» EXERCISE DIRECTIONS
Apart from the images, output the data below exactly.

» EXCERPTED RECORDS
== == ==

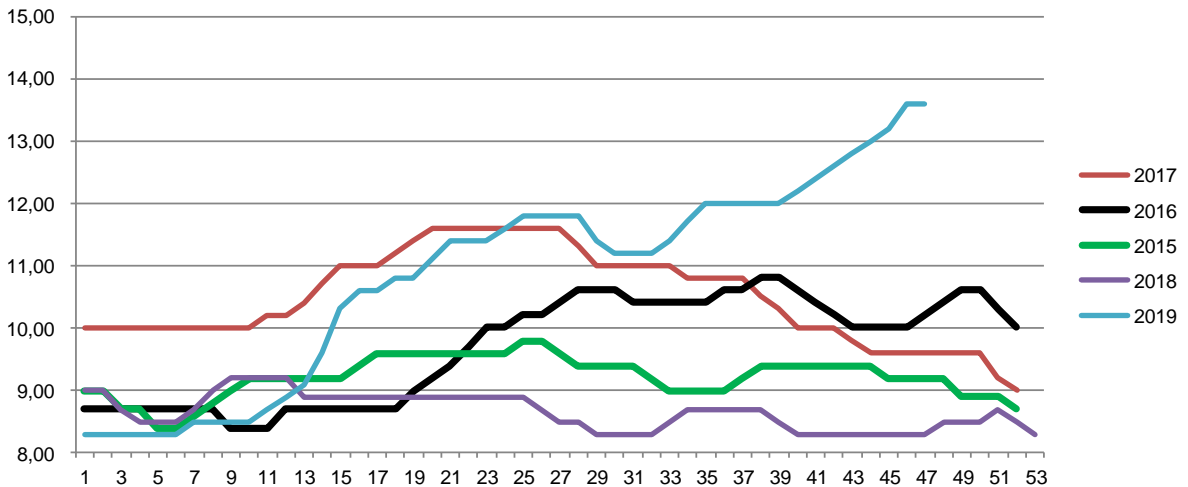

Weekly pig price – Danish Crown

Week	2019	2018
1	8,30	9,00
2	8,30	9,00
3	8,30	8,70
4	8,30	8,50
5	8,30	8,50
6	8,30	8,50
7	8,50	8,70
8	8,50	9,00
9	8,50	9,20
10	8,50	9,20
11	8,70	9,20
12	8,90	9,20
13	9,10	8,90
14	9,60	8,90
15	10,30	8,90
16	10,60	8,90
17	10,60	8,90
18	10,80	8,90
19	10,80	8,90
20	11,10	8,90
21	11,40	8,90
22	11,40	8,90
23	11,40	8,90
24	11,60	8,90
25	11,80	8,90
26	11,80	8,70

Week	2019	2018
27	11,80	8,50
28	11,80	8,50
29	11,40	8,30
30	11,20	8,30
31	11,20	8,30
32	11,20	8,30
33	11,40	8,50
34	11,70	8,70
35	12,00	8,70
36	12,00	8,70
37	12,00	8,70
38	12,00	8,70
39	12,00	8,50
40	12,20	8,30
41	12,40	8,30
42	12,60	8,30
43	12,80	8,30
44	13,00	8,30
45	13,20	8,30
46	13,60	8,30
47	13,60	8,50
48		8,50
49		8,50
50		8,70
51		8,50
52		8,30
Average (week)	10,83	8,67

Best regards
Danish Crown
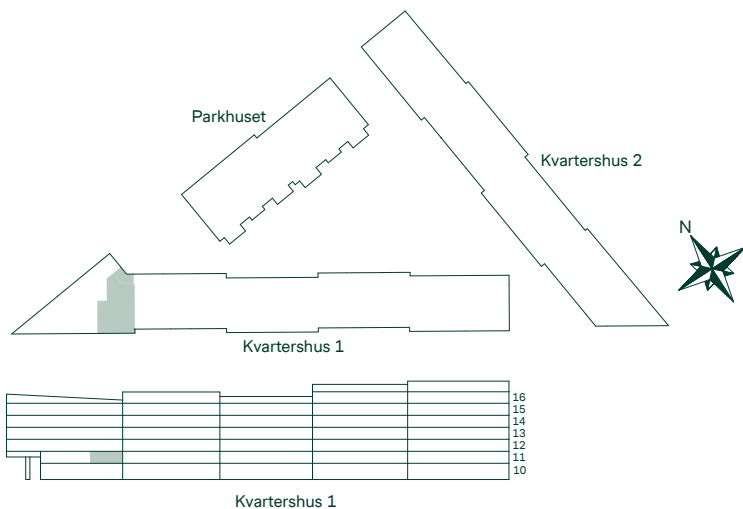

SKALA 1:100

BRF KRISTINEBERGS SLOTTSPARK

102 kvm 4 Rum och kök

Kvartershus 1
LGH: 1-1103
Plan: 11

- F Frys
- K Kyl
- Induktionshäll
- U/M Högskåp med ugn/mikro
- DM Diskmaskin
- TM Tvättmaskin
- TT Torktumlare
- G Garderob
- L Linneskåp
- L Linneskåpsinredning
- ST Städskåpsinredning
- EL/M Multimediaskåp
- SKJD. Skjutdörrsgarderob
- BH Bröstningshöjd
- Radiator
- Handdukstork
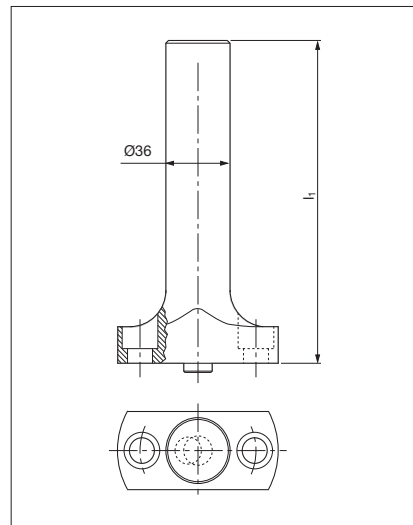

Candela *Air pin*

Codice	Cod. B8 2002 731 000 001
Materiale	42CrMo4; 1000 ÷ 1200 N/mm ²

MB code	I1
B8 2002 0372405	150
B8 2002 0372406	175
B8 2002 0372407	200
B8 2002 0372408	225
B8 2002 0372409	250

Esempio di ordinazione/Order example = B8 2002 0372405 (MB code)

== == ==

» RESULT FOR THIS EXERCISE
Weekly pig price – Danish Crown

Week	2019	2018
1	8,30	9,00
2	8,30	9,00
3	8,30	8,70
4	8,30	8,50
5	8,30	8,50
6	8,30	8,50
7	8,50	8,70
8	8,50	9,00
9	8,50	9,20
10	8,50	9,20
11	8,70	9,20
12	8,90	9,20
13	9,10	8,90
14	9,60	8,90
15	10,30	8,90
16	10,60	8,90
17	10,60	8,90
18	10,80	8,90
19	10,80	8,90
20	11,10	8,90
21	11,40	8,90
22	11,40	8,90
23	11,40	8,90
24	11,60	8,90
25	11,80	8,90
26	11,80	8,70

Week	2019	2018
27	11,80	8,50
28	11,80	8,50
29	11,40	8,30
30	11,20	8,30
31	11,20	8,30
32	11,20	8,30
33	11,40	8,50
34	11,70	8,70
35	12,00	8,70
36	12,00	8,70
37	12,00	8,70
38	12,00	8,70
39	12,00	8,50
40	12,20	8,30
41	12,40	8,30
42	12,60	8,30
43	12,80	8,30
44	13,00	8,30
45	13,20	8,30
46	13,60	8,30
47	13,60	8,50
48		8,50
49		8,50
50		8,70
51		8,50
52		8,30
Average (week)	10,83	8,67

Best regards
Danish Crown

SKALA 1:100

BRF KRISTINEBERGS SLOTTSPARK

102 kvm 4 Rum och kök

Kvartershus 1
LGH: 1-1103
Plan: 11

- F Frys
- K Kyl
- Induktionshäll
- U/M Högskåp med ugn/mikro
- DM Diskmaskin
- TM Tvättmaskin
- TT Torktumlare
- G Garderob
- L Linneskåp
- L Linneskåpsinredning
- ST Städskåpsinredning
- EL/M Multimediaskåp
- SKJD. Skjutdörrsgarderob
- BH Bröstningshöjd
- Radiator
- Handdukstork

Candela *Air pin*

Codice	Cod. B8 2002 731 000 001
Materiale	42CrMo4; 1000 ÷ 1200 N/mm ²

MB code	I1
B8 2002 0372405	150
B8 2002 0372406	175
B8 2002 0372407	200
B8 2002 0372408	225
B8 2002 0372409	250

Esempio di ordinazione/Order example = B8 2002 0372405 (MB code)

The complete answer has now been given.